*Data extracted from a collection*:

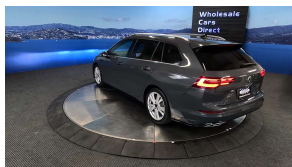

Wholesale Cars Direct

2022 Volkswagen Golf Hybrid eTSI R-Line - Grade 4.5. \$37,990

Stock ID	17262
Engine	1500 cc, Hybrid
Body	Station Wagon
Odometer	39,370 km
Interior	0
Transmission	Automatic

Welcome to Wholesale Cars Direct.
WCD is quality, WCD is service, it is who we are.

Pristine rare hybrid European estate. Pure VW style at its best, with this R-Line example. Comes with virtual cockpit, Heads up display, Stereo to NZ spec, 17" factory alloys with a brand new set of tyres fitted in NZ, 8 airbags, Radar cruise control, Front assist, Park assist, Electronic stability program, Lane departure warning, Blind spot monitoring, Selective drive modes, 3 Point seat belts for all seats, Auto Headlights, Multi function Steering wheel, Paddle shift tiptronic, Reverse camera, Front/Rear parking sensors, Electric tailgate, Wireless Apple Car Play, Wireless phone charging, Bluetooth music streaming, hands free, Auto headlights, Isofix car seat anchor points, Proximity key - Push button start, R -
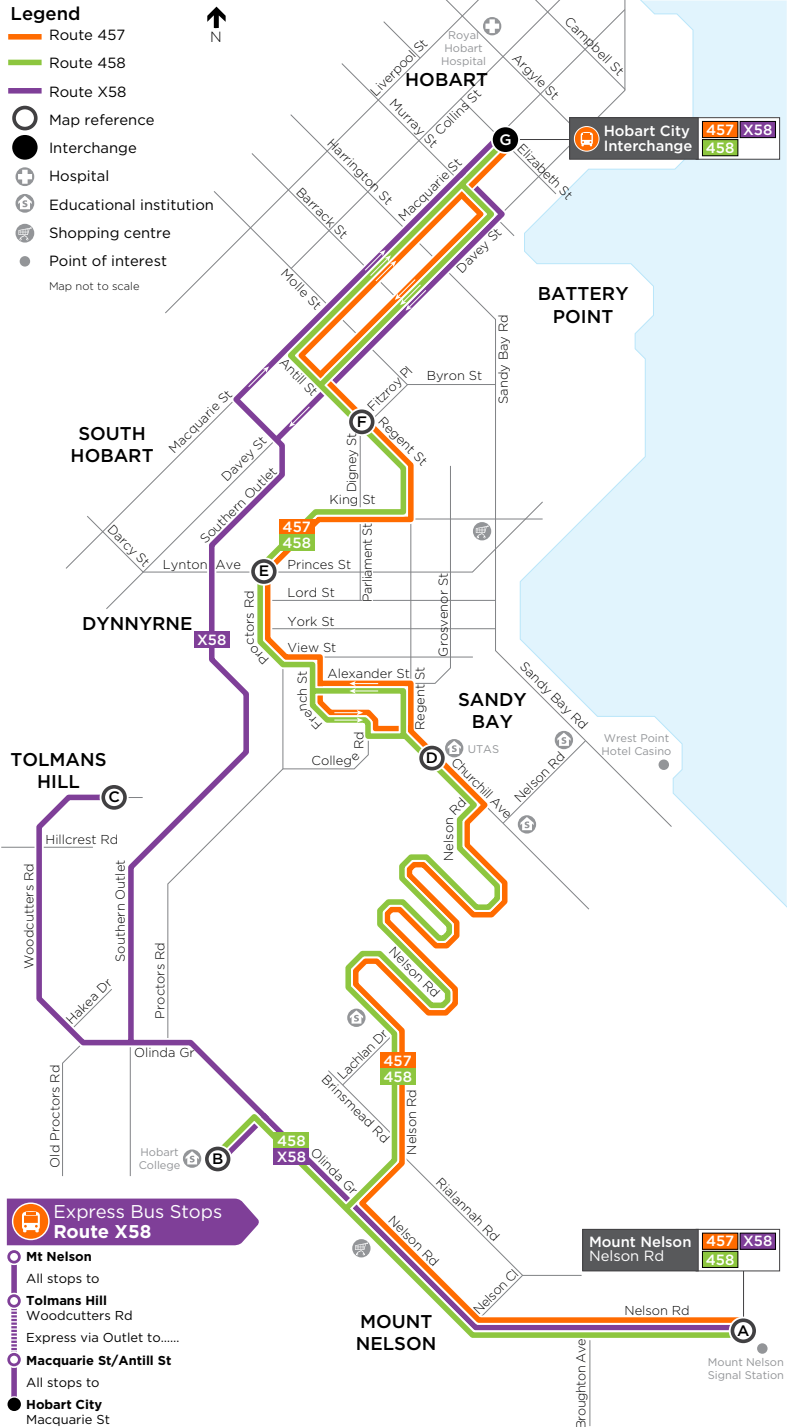

EFFECTIVE 20 JANUARY 2019

457, 458, X58

Mount Nelson to Hobart City

ROUTE NUMBER	ROUTE
457	Mount Nelson to Hobart City
458	Mount Nelson to Hobart City
X58	Mount Nelson to Hobart City EXPRESS

BUS ROUTE MAP

WHO OPERATES MY SERVICE?

457, 458, X58

metrotas.com.au

13 22 01

Online trip information transport.tas.gov.au
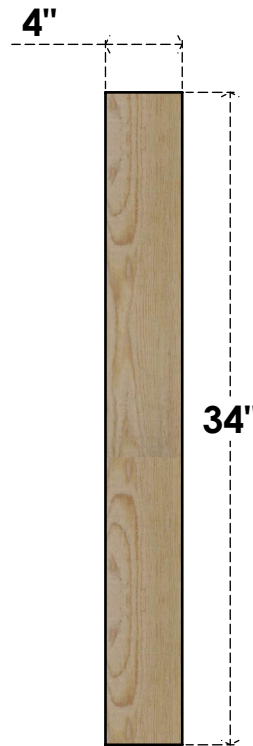

BRC04X26X34TRA00RDF

4"W X 26"D X 34"H TRADITIONAL ROUGH SAWN BRACE, DOUGLAS FIR

SIDE

FRONT

EKENA MILLWORK
 2300 WEST MAIN ST.
 CLARKSVILLE, TX 75426
 TOLL FREE: 866-607-0453
 WWW.EKENAMILLWORK.COM

NOTES

1. INSTALLATION TO BE COMPLETED IN ACCORDANCE WITH MANUFACTURER'S SPECIFICATIONS.
2. DRAWING MAY NOT BE TO SCALE
3. THIS DRAWING IS INTENDED FOR DESIGN AND PLANNING PURPOSES ONLY.
4. ALL INFORMATION CONTAINED HEREIN WAS CURRENT AT THE TIME OF DEVELOPMENT BUT MUST BE REVIEWED AND APPROVED BY THE PRODUCT MANUFACTURER TO BE CONSIDERED ACCURATE.
5. PRODUCTS ARE NOT KILN DRIED. THIS ITEM IS UNIQUE AND WILL CONTAIN THE NATURAL VARIATIONS THAT THE WOOD SPECIES OFFERS. THIS MAY RESULT IN VARIATIONS UP TO 1/4"
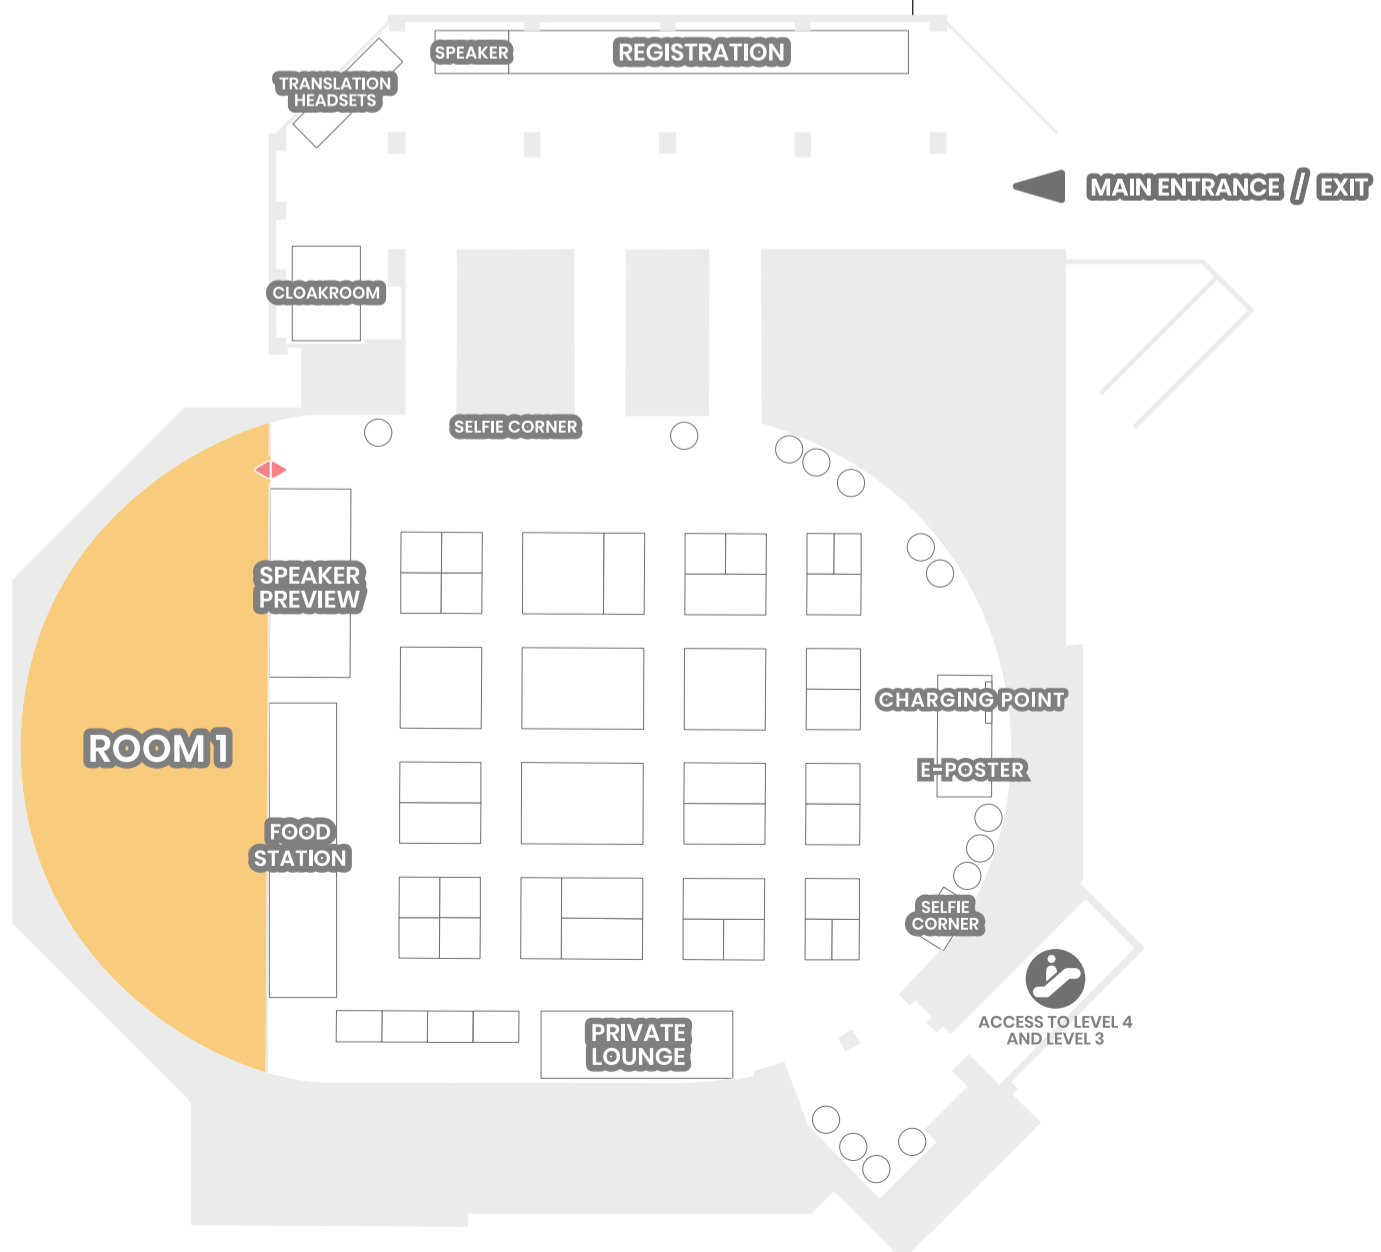

# TRAINING LABS - MEETING ROOMS

WORLD TRADE CENTER • SÃO PAULO • BRAZIL

LEVEL 3

LEVEL 4

LEVEL 5

Family name	Product name	room_number	room_days_date_begin	room_days_date_end	room_hours	room_sqm	exhibitor_id
Meeting room	- Meeting room (20/45 pax - 1 day rent)	Renoir	26/04/2024 08:30:00	26/04/2024 18:00:00	8h30 - 18h	61	14847
	- Meeting room (20/45 pax - 1 day rent)	Monet	27/04/2024 08:30:00	27/04/2024 18:00:00	8h30 - 18h	61	15705
	- Meeting room (20/45 pax - 1 day rent)	Renoir	27/04/2024 08:30:00	27/04/2024 18:00:00	8h30 - 18h	61	14847
Workshop	- Training lab 10/15 pax (1 day)	Curitiba I	26/04/2024 08:30:00	26/04/2024 18:00:00	8h30 - 18h	48	15191
	- Training lab 10/15 pax (1 day)	Salvador I	26/04/2024 08:30:00	26/04/2024 18:00:00	8h30 - 18h	49	14960
	- Training lab 10/15 pax (1 day)	Curitiba I	27/04/2024 08:30:00	27/04/2024 18:00:00	8h30 - 18h	48	15014
	- Training lab 10/15 pax (1 day)	Curitiba II	27/04/2024 08:30:00	27/04/2024 18:00:00	8h30 - 18h	49	15824
	- Training lab 10/15 pax (1 day)	Salvador I	27/04/2024 08:30:00	27/04/2024 18:00:00	8h30 - 18h	49	14960
	- Training lab 10/15 pax (1 day)	Salvador II	27/04/2024 08:30:00	27/04/2024 18:00:00	8h30 - 18h	49	15702
	- Training lab 10/15 pax (1 day)	Salvador I	28/04/2024 08:30:00	28/04/2024 18:00:00	8h30 - 18h	49	14960

*WHAT IS NEEDED*:
Could you set down the records above exactly, skipping any picture?

*EXERCISE RESPONSE*:
Wholesale Cars Direct

2022 Volkswagen Golf Hybrid eTSI R-Line - Grade 4.5. \$37,990

Stock ID	17262
Engine	1500 cc, Hybrid
Body	Station Wagon
Odometer	39,370 km
Interior	0
Transmission	Automatic

Welcome to Wholesale Cars Direct.
WCD is quality, WCD is service, it is who we are.

Pristine rare hybrid European estate. Pure VW style at its best, with this R-Line example. Comes with virtual cockpit, Heads up display, Stereo to NZ spec, 17" factory alloys with a brand new set of tyres fitted in NZ, 8 airbags, Radar cruise control, Front assist, Park assist, Electronic stability program, Lane departure warning, Blind spot monitoring, Selective drive modes, 3 Point seat belts for all seats, Auto Headlights, Multi function Steering wheel, Paddle shift tiptronic, Reverse camera, Front/Rear parking sensors, Electric tailgate, Wireless Apple Car Play, Wireless phone charging, Bluetooth music streaming, hands free, Auto headlights, Isofix car seat anchor points, Proximity key - Push button start, R -

EFFECTIVE 20 JANUARY 2019

457, 458, X58

Mount Nelson to Hobart City

ROUTE NUMBER	ROUTE
457	Mount Nelson to Hobart City
458	Mount Nelson to Hobart City
X58	Mount Nelson to Hobart City EXPRESS

BUS ROUTE MAP

WHO OPERATES MY SERVICE?

457, 458, X58

metrotas.com.au

13 22 01

Online trip information transport.tas.gov.au

BRC04X26X34TRA00RDF

4"W X 26"D X 34"H TRADITIONAL ROUGH SAWN BRACE, DOUGLAS FIR

SIDE

FRONT

EKENA MILLWORK
 2300 WEST MAIN ST.
 CLARKSVILLE, TX 75426
 TOLL FREE: 866-607-0453
 WWW.EKENAMILLWORK.COM

NOTES

1. INSTALLATION TO BE COMPLETED IN ACCORDANCE WITH MANUFACTURER'S SPECIFICATIONS.
2. DRAWING MAY NOT BE TO SCALE
3. THIS DRAWING IS INTENDED FOR DESIGN AND PLANNING PURPOSES ONLY.
4. ALL INFORMATION CONTAINED HEREIN WAS CURRENT AT THE TIME OF DEVELOPMENT BUT MUST BE REVIEWED AND APPROVED BY THE PRODUCT MANUFACTURER TO BE CONSIDERED ACCURATE.
5. PRODUCTS ARE NOT KILN DRIED. THIS ITEM IS UNIQUE AND WILL CONTAIN THE NATURAL VARIATIONS THAT THE WOOD SPECIES OFFERS. THIS MAY RESULT IN VARIATIONS UP TO 1/4"

# TRAINING LABS - MEETING ROOMS

WORLD TRADE CENTER • SÃO PAULO • BRAZIL

LEVEL 3

LEVEL 4

LEVEL 5

Family name	Product name	room_number	room_days_date_begin	room_days_date_end	room_hours	room_sqm	exhibitor_id
Meeting room	- Meeting room (20/45 pax - 1 day rent)	Renoir	26/04/2024 08:30:00	26/04/2024 18:00:00	8h30 - 18h	61	14847
	- Meeting room (20/45 pax - 1 day rent)	Monet	27/04/2024 08:30:00	27/04/2024 18:00:00	8h30 - 18h	61	15705
	- Meeting room (20/45 pax - 1 day rent)	Renoir	27/04/2024 08:30:00	27/04/2024 18:00:00	8h30 - 18h	61	14847
Workshop	- Training lab 10/15 pax (1 day)	Curitiba I	26/04/2024 08:30:00	26/04/2024 18:00:00	8h30 - 18h	48	15191
	- Training lab 10/15 pax (1 day)	Salvador I	26/04/2024 08:30:00	26/04/2024 18:00:00	8h30 - 18h	49	14960
	- Training lab 10/15 pax (1 day)	Curitiba I	27/04/2024 08:30:00	27/04/2024 18:00:00	8h30 - 18h	48	15014
	- Training lab 10/15 pax (1 day)	Curitiba II	27/04/2024 08:30:00	27/04/2024 18:00:00	8h30 - 18h	49	15824
	- Training lab 10/15 pax (1 day)	Salvador I	27/04/2024 08:30:00	27/04/2024 18:00:00	8h30 - 18h	49	14960
	- Training lab 10/15 pax (1 day)	Salvador II	27/04/2024 08:30:00	27/04/2024 18:00:00	8h30 - 18h	49	15702
	- Training lab 10/15 pax (1 day)	Salvador I	28/04/2024 08:30:00	28/04/2024 18:00:00	8h30 - 18h	49	14960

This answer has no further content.